Closed tjtakys closed 6 months ago

tjtakys commented 7 months ago

Dynesty version 2.1.2 (conda)

Your question Hello, I am using the nested sampler in dynesty to estimate the posterior distribution of model parameters. After running run_nested, I noticed that the results do not seem to converge well when looking at the corner plot. Additionally, when I use dyplot.runplot to visualize the run plots, the shape of the importance weight PDF seems unnatural to me. It has two peaks, and one of them is at the loglikelihood value of zero on the high lnX region. I suspect that the presence of weight in this low likelihood region is affecting the convergence of the final results in the corner plot.

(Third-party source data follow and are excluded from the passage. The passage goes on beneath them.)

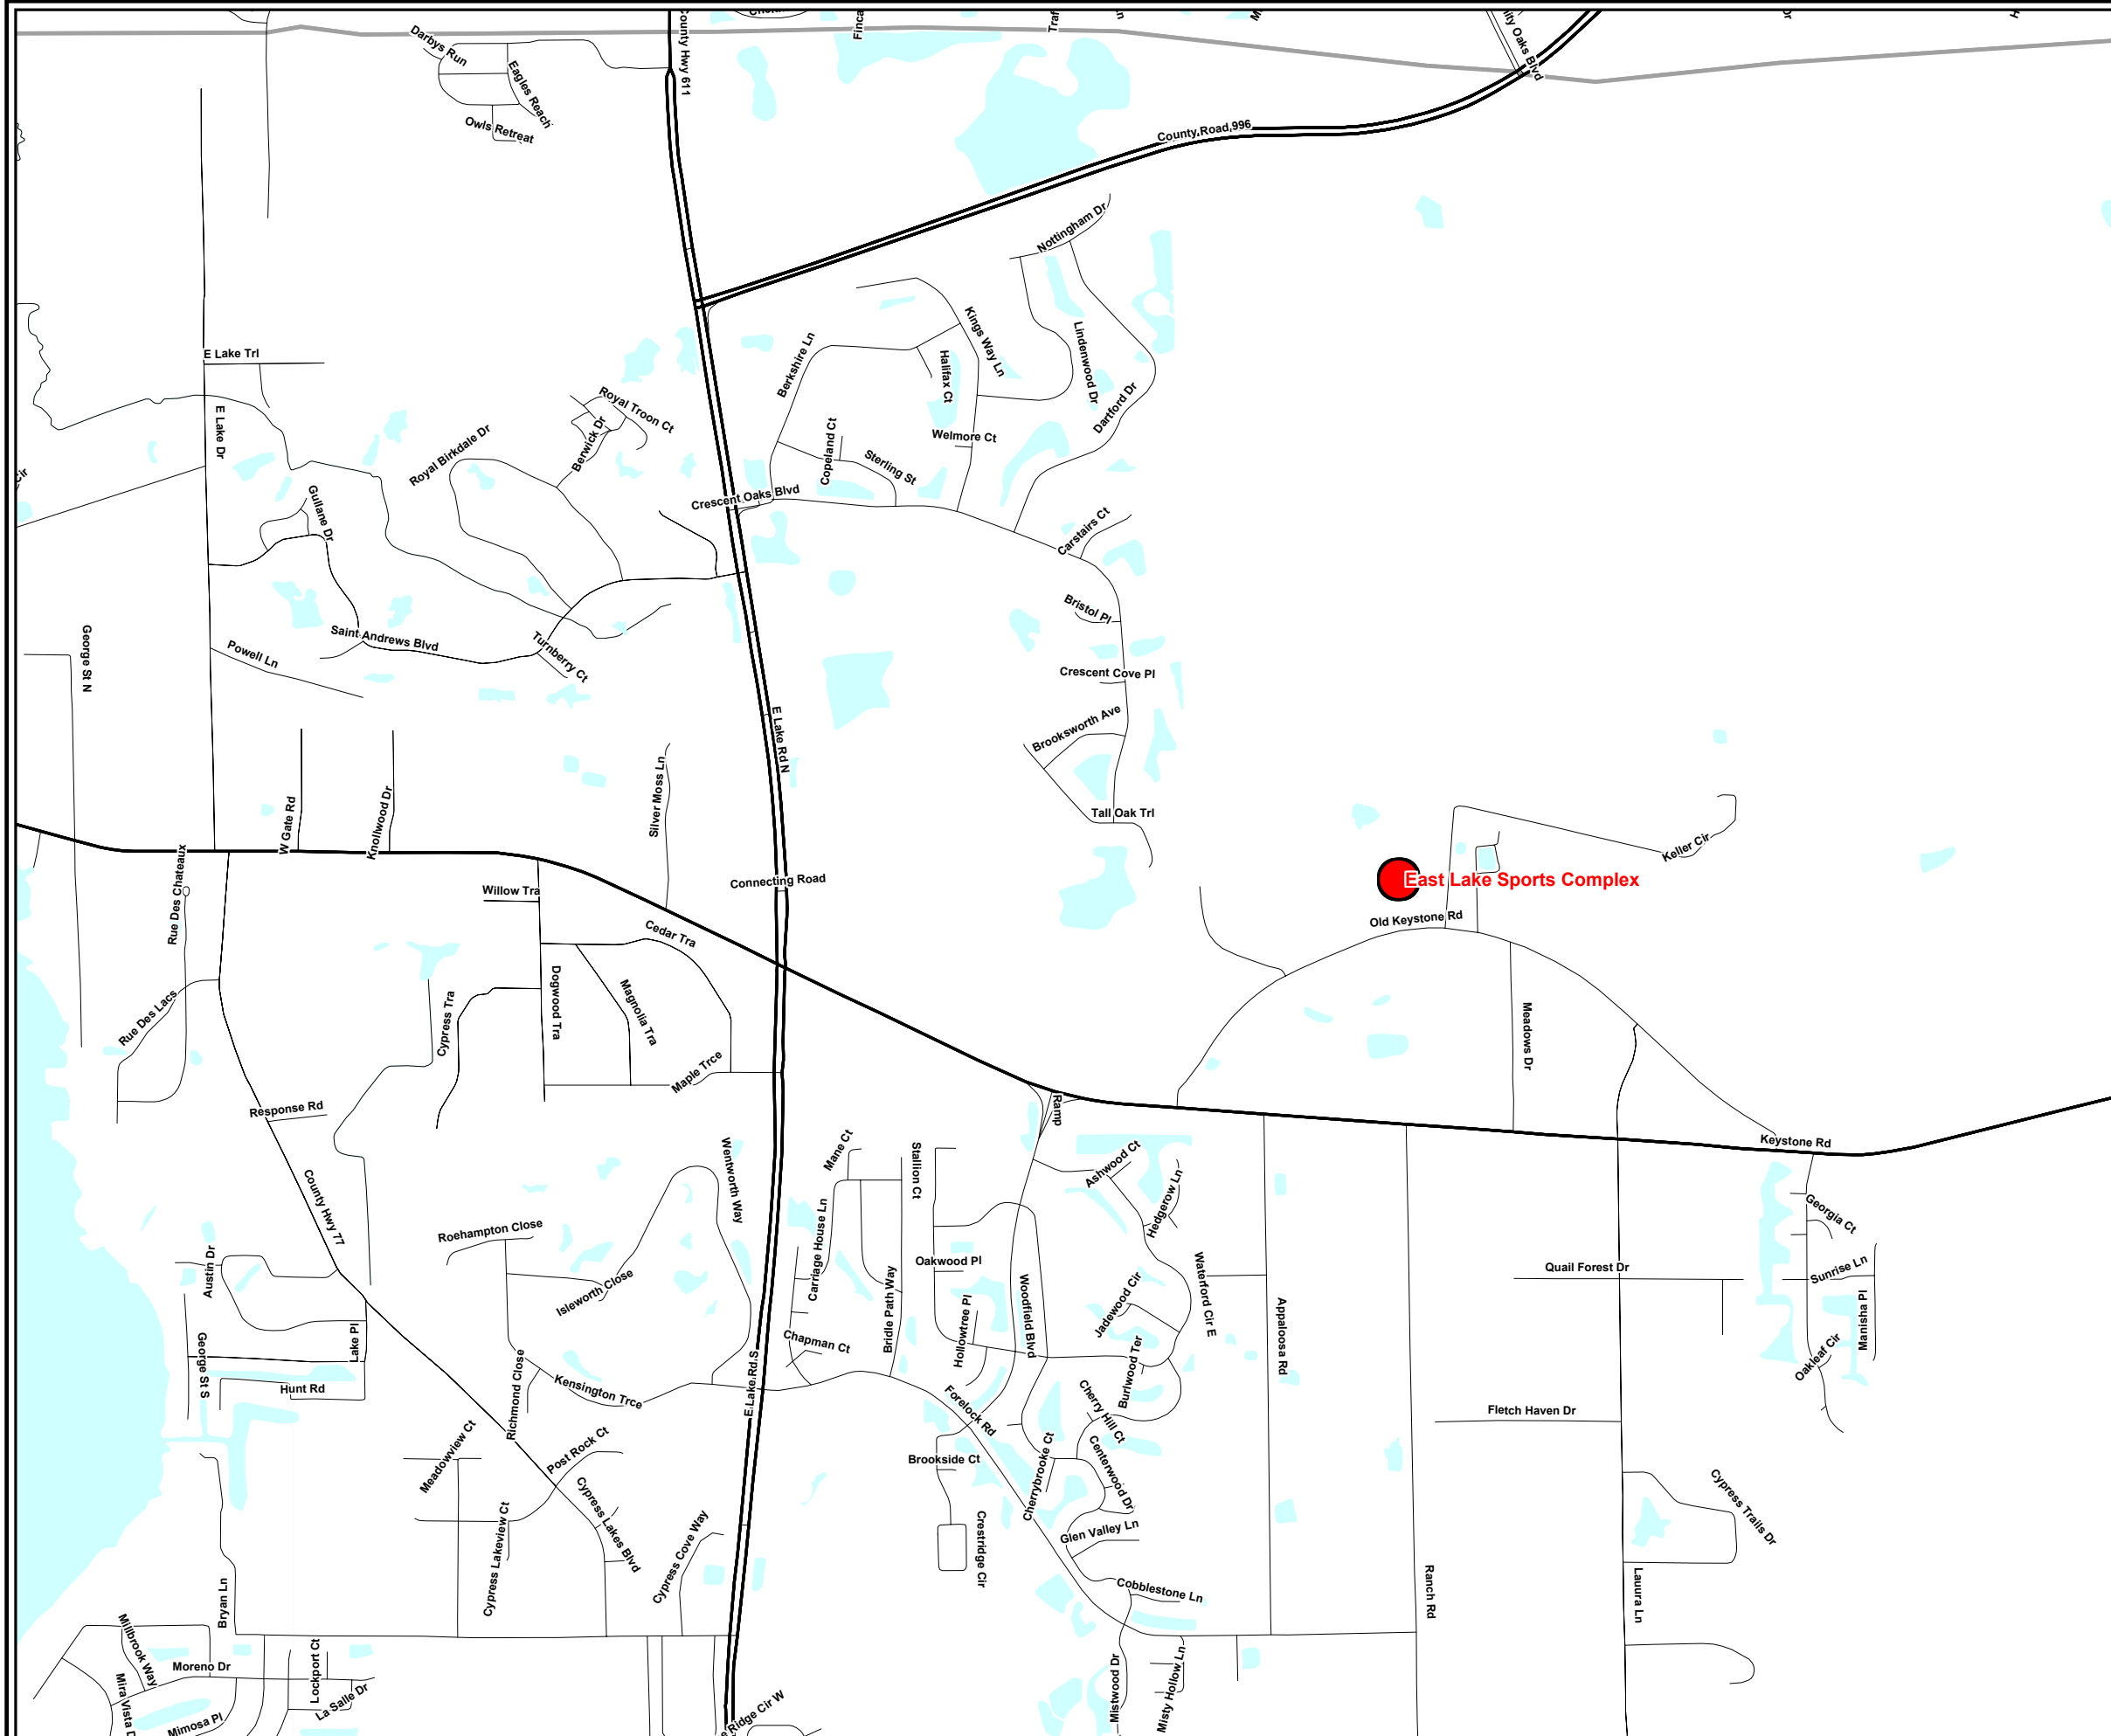

FYSA Soccer Field Map
East Lake Sports Complex
East Lake Soccer Club
Old Keystone Road
Tarpon Springs, FL

Nearby Publix
(727) 372-7400
Chelsea Place
1346 Seven Springs Blvd
New Port Richey, FL

-  Publix
-  Future Publix
-  Soccer Field

Miles Scale 1:19,212
1 Inch = .3 Miles

Source: Publix Mkt-Trk System, MapInfo
Project Date: 08/30/2005
*Information may not reflect recent road construction.
The proper field location cannot be guaranteed due to field address accuracy.

Initially, I thought the issue might be due to having too few live points, so I increased nlive_init from 1024 to 4096, but the results did not change. Why does the weight distribution have these two peaks? Any insights would be greatly appreciated. Thank you in advance. runplot

The script I used is attached.

segasai commented 7 months ago

Hi,

I can't comment on the question of the convergence, since you don't show anything that would suggest the lack of convergence, but the importance weight graph looks fine to me. The fact that it has multiple peaks is perfectly fine.

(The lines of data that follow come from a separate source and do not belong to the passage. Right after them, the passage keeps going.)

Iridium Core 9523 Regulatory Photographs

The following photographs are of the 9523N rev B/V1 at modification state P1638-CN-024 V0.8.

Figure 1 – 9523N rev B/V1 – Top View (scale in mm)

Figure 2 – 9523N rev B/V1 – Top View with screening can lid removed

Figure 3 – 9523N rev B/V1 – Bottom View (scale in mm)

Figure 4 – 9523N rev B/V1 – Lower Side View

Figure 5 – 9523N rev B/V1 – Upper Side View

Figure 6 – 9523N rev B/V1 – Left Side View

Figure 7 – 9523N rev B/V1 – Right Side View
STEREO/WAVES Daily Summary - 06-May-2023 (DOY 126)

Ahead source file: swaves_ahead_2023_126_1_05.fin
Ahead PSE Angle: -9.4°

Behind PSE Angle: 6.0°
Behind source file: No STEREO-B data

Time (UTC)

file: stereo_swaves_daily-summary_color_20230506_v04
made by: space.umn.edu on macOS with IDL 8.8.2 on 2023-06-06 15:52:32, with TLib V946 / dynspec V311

It is easy to make the importance weight graph of "any" shape even if you consider posteriors shaped like Gaussian mixtures of the form

$f_1 N(x|0,\sigma_1) + f_2 N(x|0,\sigma_2)$

tjtakys commented 7 months ago

Thank you for your comments! I'm sorry, the corner plot was in the attached .ipynb file. While I understand that the importance weight can exhibit a multimodal distribution when the posterior distribution is multimodal, I have another point that concerns me. I believe that the importance weight is the product of the likelihood and the decrease in volume. However, at the first peak of the importance weight, the likelihood is extremely low. In fact, I have looked at the observational and model images around this moment, and they were not modeled well at all. Compared to the run plot in the dynesty paper or example codes, the run plot I obtained has a high importance weight at a very early stage of sampling (where -ln X is close to 0). I am concerned about this. Do you think there might be a problem related to this? image

segasai commented 7 months ago

Thank you for your comments! I'm sorry, the corner plot was in the attached .ipynb file.

TBH I do not see anything suspicious in the corner plot

While I understand that the importance weight can exhibit a multimodal distribution when the posterior distribution is multimodal,

The posterior distribution does not need to be multimodal to show mutlimodality in the importance weigths. My example had only one one mode.

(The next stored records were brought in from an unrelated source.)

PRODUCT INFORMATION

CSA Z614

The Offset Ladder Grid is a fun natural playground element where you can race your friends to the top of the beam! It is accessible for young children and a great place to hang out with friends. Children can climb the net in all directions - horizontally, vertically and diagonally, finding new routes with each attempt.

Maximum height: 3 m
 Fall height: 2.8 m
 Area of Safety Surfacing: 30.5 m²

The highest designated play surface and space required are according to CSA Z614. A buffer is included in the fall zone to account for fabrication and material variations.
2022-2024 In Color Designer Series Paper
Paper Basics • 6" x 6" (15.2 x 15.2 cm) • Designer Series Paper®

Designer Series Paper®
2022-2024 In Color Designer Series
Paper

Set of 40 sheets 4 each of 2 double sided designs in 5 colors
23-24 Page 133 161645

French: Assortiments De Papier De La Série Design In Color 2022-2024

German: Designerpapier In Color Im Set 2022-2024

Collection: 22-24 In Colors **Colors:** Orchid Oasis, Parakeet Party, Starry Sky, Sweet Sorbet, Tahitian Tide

I have another point that concerns me. I believe that the importance weight is the product of the likelihood and the decrease in volume. However, at the first peak of the importance weight, the likelihood is extremely low. In fact, I have looked at the observational and model images around this moment, and they were not modeled well at all.

This seems to be a feature of your likelihood+prior. I.e. significant volume of your posterior seems to be there (at low logl values) . Whether that's how it should be, or you have incorrectly specified either the prior, or the likelihood I don't know. But those are the possibilities IMO.

Compared to the run plot in the dynesty paper or example codes, the run plot I obtained has a high importance weight at a very early stage of sampling (where -ln X is close to 0). I am concerned about this. Do you think there might be a problem related to this? !

Again on it's own the importance weight can show anything, it really depends on how the function log-likelihood vs prior volume above the logl value. For a typical Gaussian posterior, you only get one peak, for something very different you don't.

So personally I would check if your likelihood function is defined correctly.

tjtakys commented 6 months ago

Thank you for the detailed advice! I will check my code again.